Overview

auto-Enrich is a Bash script-based pipeline that integrademtes multiple widely used enrichment analysis tools into a single, modular framework. It is designed to automate enrichment analysis workflows and standardize results. Packaged as a Docker image, auto-Enrich allows users to perform comprehensive enrichment analysis with three popular tools: g:Profiler, PANTHER, and GSEA (Gene Set Enrichment Analysis).

The pipeline includes pre-processing, enrichment analysis, and post-processing steps, facilitating end-to-end workflows. Its seven core modules can be run independently or combined, providing flexibility depending on analytical needs. Detailed descriptions of each module are provided in Modules section.

The auto-Enrich pipeline runs in any computing environment with Docker installed. It is distributed as part of the pegi3s Bioinformatics Docker Images Project, and the corresponding image is available at: https://hub.docker.com/r/pegi3s/auto-enrich. That page also provides a short guide for installing Docker on both Linux and Windows systems. Since Docker is widely adopted, additional installation and usage instructions are readily available in the official Docker documentation.

The pipeline supports two primary input data types:

  • Gene list files

    Text files with one Gene ID per line. Used for Over-Representation Analysis by the g:Profiler and PANTHER modules.

  • Gene expression matrix

    A matrix of gene expression values. Used for GSEA (Classic or Preranked).

At a minimum, the pipeline requires two files:

  • Pipeline configuration file config

    Specify modules, input file, target species, annotation sources, and post-processing settings.

  • Input file

    At least one gene list or gene expression matrix.

  • If running GSEA

    At least one Gene Set from the Molecular Signature Database Collections must be provided inside a folder named /gene_sets.

This pipeline is designed to simplify and standardize the following steps:

  1. Extract differentially expressed genes from an expression matrix

  2. Map input Genes information (includes Gene ID, UniProtKB IDs, Gene Symbol and Description)

  3. Run g:Profiler enrichment analysis, using the g:GOSt tool.

  4. Run PANTHER analysis statistical overrepresentation test.

  5. Prepare inputs for GSEA (Classic and Preranked)
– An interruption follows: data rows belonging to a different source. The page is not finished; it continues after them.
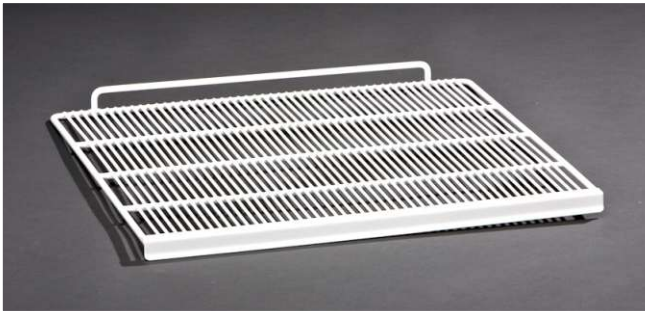

Spare Parts Catalog
Upright Models

Derby

Global 8 and 48

Global 8 FD
Item 808 301

Height: 870 mm
Depth: 510 mm
Width: 495 mm

Global 8 CD
Item 808 001

Height: 870 mm
Depth: 510 mm
Width: 495 mm

Global 48 F
Item 888 320

Height: 1915 mm
Depth: 655 mm
Width: 595 mm

Global 48 CD
Item 888 018

Height: 1915 mm
Depth: 655 mm
Width: 595 mm

Global 48 C
Item 888 140

Height: 1915 mm
Depth: 655 mm
Width: 595 mm

Global

Standard shelf for Global 38 & 48 - item 280.317

  6. Run Gene Set Enrichment Analysis GSEA

  7. Filter enrichment results (to remove non-relevant terms from analysis outputs)

The pipeline runs in any environment with Docker installed. After preparing input and configuration files, execute auto-Enrich with:

docker run --rm -v /your/working/directory:/data pegi3s/auto_enrich

A mounted directory structure, where the user should change your/working/directory to their data directory.

_images/diagram_2.png

Overview of the auto-Enrich pipeline.

Module Index Reference

Each module in auto-Enrich is referenced by a numbered index defined in the modules variable of the pipeline configuration file (config). This numbering ensures that modules can be easily called in sequence or selected individually. Detailed explanations of each module are provided in later sections.

Module Index Reference Table

Module #

Name

Description

1

Prepare Gene Lists

Identify and generate lists of differentially expressed genes out of the expression data

2

Map Gene Identifiers

Maps gene identifiers to standard formats (UniProtKB; Gene Symbol and Description)

3

gProfiler plus

Run enrichment analysis with g:Profiler (g:GOSt)

4

PANTHER plus

Run enrichment analysis with PANTHER Overrepresentation test

5

Prepare GSEA inputs

Create .rnk, .gct and .cls files from expression data for GSEA

6

GSEA plus

Execute Gene Set Enrichment Analysis

7

Filter EA results

Filter and intersect enriched terms from tools EA outputs

Important

To use these modules, you must configure the required parameters. Please see the configuration section for details.